What is needed is an exact transcription of every record, minus the pictures.

> **Exercise materials**
----

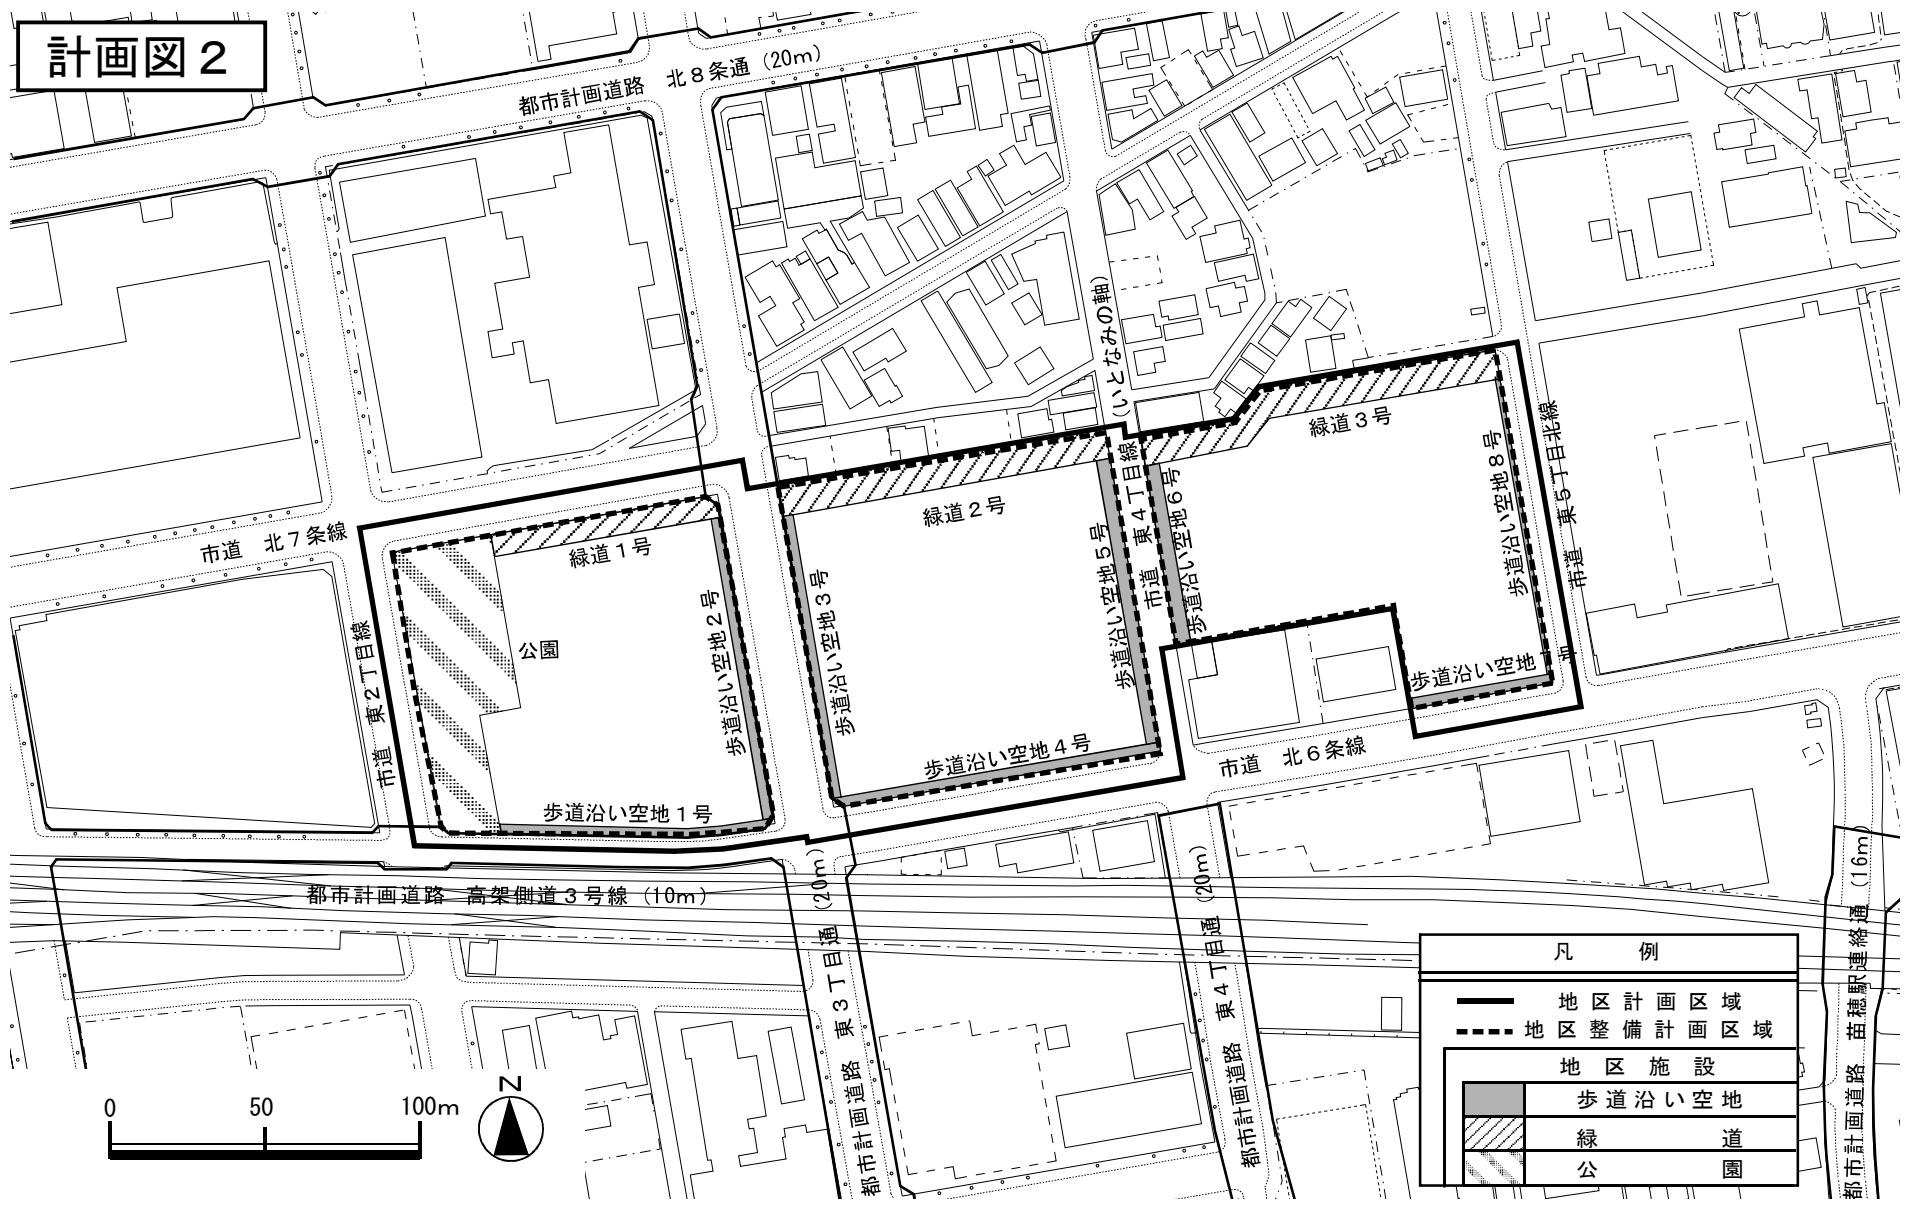

札幌圏都市計画 北6条東3丁目周辺地区 地区計画

位置図

計画図 1

# 札幌圏都市計画 北6条東3丁目周辺地区 地区計画

計画図 2

凡 例	
	地区計画区域
	地区整備計画区域
地区施設	
	歩道沿い空地
	緑道
	公園

# 札幌圏都市計画 北6条東3丁目周辺地区 地区計画

## 方針付図

----

> **Response to this task**
札幌圏都市計画 北6条東3丁目周辺地区 地区計画

位置図

計画図 1

# 札幌圏都市計画 北6条東3丁目周辺地区 地区計画

計画図 2

凡 例	
	地区計画区域
	地区整備計画区域
地区施設	
	歩道沿い空地
	緑道
	公園

# 札幌圏都市計画 北6条東3丁目周辺地区 地区計画

## 方針付図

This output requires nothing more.